**TASK TO CARRY OUT**
No pictures go into the copy. Write out exactly the lines below from the one containing "- B.** Altura" through the one containing "Boden-führung.".

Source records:
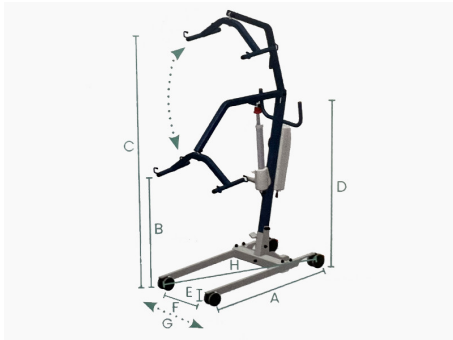

AyudasDinámicas®

Productos para una mayor independencia

Grúa compacta FLY COMPACT

ref: AD915-S

<https://www.ayudasdinamicas.com/index.php/p/gruas-de-elevacion-y-traslado/grua-compacta-fly-3-compact>

La FLY 3 COMPACT es una grúa compacta, de dimensiones muy reducidas, con un ancho total de tan solo 57 cm lo que facilita el acceso a espacios muy reducidos. Incorpora 4 ruedas dobles de mayor tamaño con frenos en la parte trasera, con lo que el cuidador conseguirá una mejor maniobrabilidad.

Ayudas Dinámicas®

Productos para una mayor independencia

Es una grúa de grandes prestaciones, como las de gran tamaño, pero con dimensiones reducidas. Soporta un peso máximo de 160 kg y gracias al diseño del mástil aumenta el espacio entre la persona y el motor de la grúa, a la vez que permite un acceso cómodo al paciente cuando hay que elevarlo de la cama.

PERCHA DE 4 PUNTOS

Permite traslados de la cama a la silla en posición sentada gracias a su percha de 4 puntos.

La gama de grúas FLY 3, disponen de unas patas amplias de apertura mecánica o eléctrica (solo en el modelo XXL). Están diseñadas para su uso en hogares e instituciones. Permite levantar al paciente del suelo con total comodidad.

Ayudas Dinámicas®

Productos para una mayor independencia

- A.** Largo total: 104 cm
- B.** Altura mínima de la percha al suelo: 56 cm
- C.** Altura máxima de la percha al suelo: 165 cm
- D.** Altura total: 125 cm
- E.** Altura de las patas: 11 cm
- F.** Ancho de la base cerrada: 57 cm
- G.** Ancho máxima abertura de las patas: 81 cm
- H.** Diámetro de giro: 112 cm
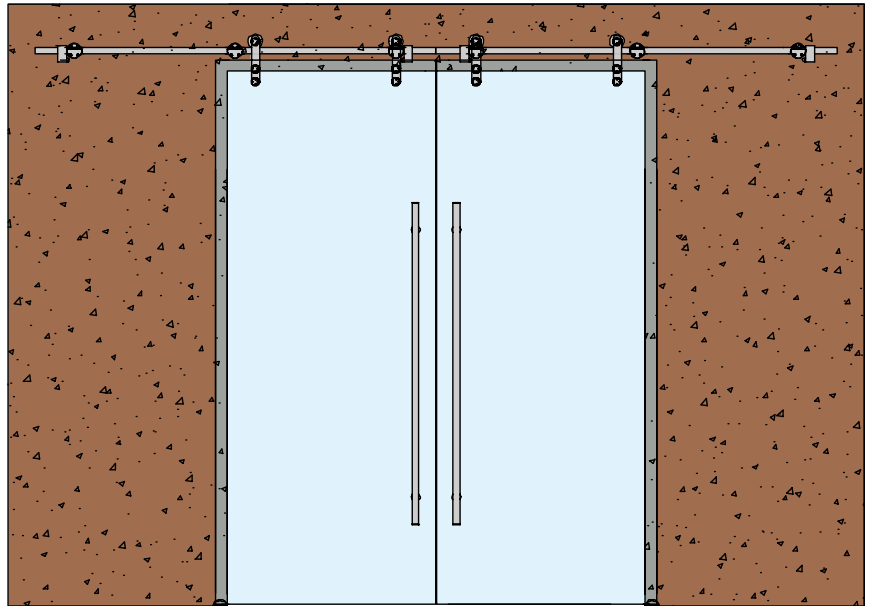

# BV06

- Kit scorrevole a due ante.  
Fissaggio su muro.
- Kit para dos puertas.  
Fijación en la pared.
- Two-leaf sliding door kit.  
Wall mount.
- Set Schiebetüren mit zwei Flügel.  
Befestigung an der Wand.

## in kit

<b>4X</b>	<b>BV10</b>		Pinza per vetro.
			Pinza por vidrio.
			Grip for glas.
			Zange für Glas.
<b>4X</b>	<b>BV30</b>		Fermo fine corsa.
			Seguro.
			Limit siop.
			End-stopp.
<b>2X</b>	<b>BV40</b>		Binario con tappi di chiusura: Ø25mm L=3000mm.
			spa
			ing
			ted
<b>1X</b>	<b>BV41</b>		Connettore per binario. Diametro 25mm.
			Conectador por la via. Díametro 25mm.
			Track connector. Diameter 25mm.
			Verbindungsstück. Diameter 25mm.
<b>8X</b>	<b>BV80</b>		Attacco del binario a muro.
			Enganche de la via a la pared.
			Attchment of the track to the wall.
			Anbringen das Gleises an die Wand.
<b>2X</b>	<b>BN50</b>		Guida a terra.
			Guja al suelo.
			Floor guide.
			Boden-führung.
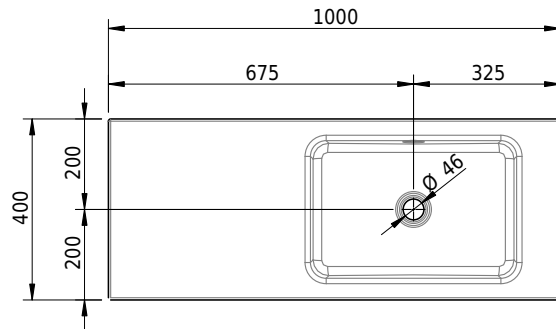

Massskizze

Schmidlin MERO Einlegebecken

100 x 40 x 1 cm

mit Überlauf, inkl. Befestigungszubehör, inkl. Überlaufgarnitur verchromt

Artikel-Nr.: 2002-0001 SGVSB-Nr.: 217463.242

Optionen

- Farbklasse: I,II,III,IV,V [FA0_ _]
- Ohne Überlaufloch [UL0]
- GLASUR PLUS [OV01]
- Spezialanfertigung
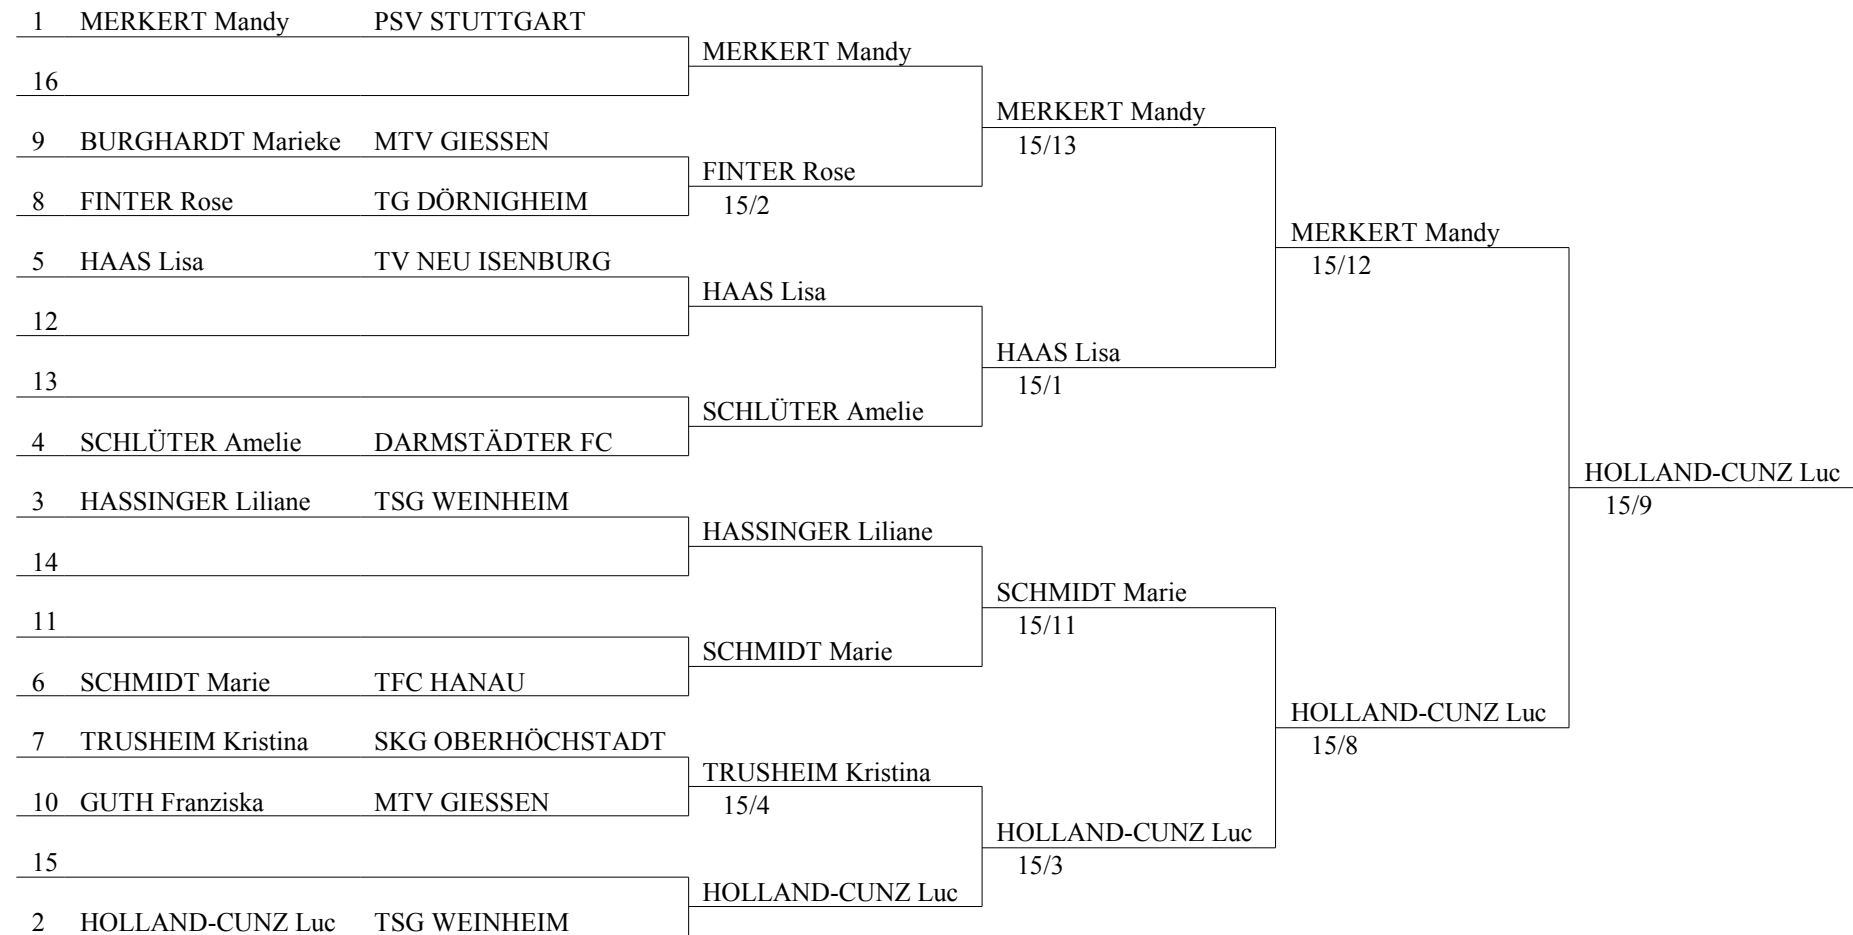

Direktausscheidung mit 16

Gesamtplatzierung (nach Platz)

Platz	Name Vorname	Verein	Geburt	Bundesland	Nation
1	HOLLAND-CUNZ Luca	TSG WEINHEIM	12/9/2004	BN	GER
2	MERKERT Mandy	PSV STUTTGART	30/10/1987	WÜ	GER
3	HAAS Lisa	TV NEU ISENBURG	1/1/1999		GER
3	SCHMIDT Marie	TFC HANAU	19/1/2002	HE	GER
5	HASSINGER Liliane	TSG WEINHEIM	29/9/2004	BN	GER
6	SCHLÜTER Amelie	DARMSTÄDTER FC	17/6/2004	HE	GER
7	TRUSHEIM Kristina	SKG OBERHÖCHSTADT	1/7/1977	HE	GER
8	FINTER Rose	TG DÖRNIGHEIM	13/9/1973	HE	CAN
9	BURGHARDT Marieke	MTV GIESSEN	23/12/1992		GER
10	GUTH Franziska	MTV GIESSEN	22/8/1999		GER

**REPLY TO THE TASK**
- B.** Altura mínima de la percha al suelo: 56 cm
- C.** Altura máxima de la percha al suelo: 165 cm
- D.** Altura total: 125 cm
- E.** Altura de las patas: 11 cm
- F.** Ancho de la base cerrada: 57 cm
- G.** Ancho máxima abertura de las patas: 81 cm
- H.** Diámetro de giro: 112 cm

# BV06

- Kit scorrevole a due ante.  
Fissaggio su muro.
- Kit para dos puertas.  
Fijación en la pared.
- Two-leaf sliding door kit.  
Wall mount.
- Set Schiebetüren mit zwei Flügel.  
Befestigung an der Wand.

## in kit

<b>4X</b>	<b>BV10</b>		Pinza per vetro.
			Pinza por vidrio.
			Grip for glas.
			Zange für Glas.
<b>4X</b>	<b>BV30</b>		Fermo fine corsa.
			Seguro.
			Limit siop.
			End-stopp.
<b>2X</b>	<b>BV40</b>		Binario con tappi di chiusura: Ø25mm L=3000mm.
			spa
			ing
			ted
<b>1X</b>	<b>BV41</b>		Connettore per binario. Diametro 25mm.
			Conectador por la via. Díametro 25mm.
			Track connector. Diameter 25mm.
			Verbindungsstück. Diameter 25mm.
<b>8X</b>	<b>BV80</b>		Attacco del binario a muro.
			Enganche de la via a la pared.
			Attchment of the track to the wall.
			Anbringen das Gleises an die Wand.
<b>2X</b>	<b>BN50</b>		Guida a terra.
			Guja al suelo.
			Floor guide.
			Boden-führung.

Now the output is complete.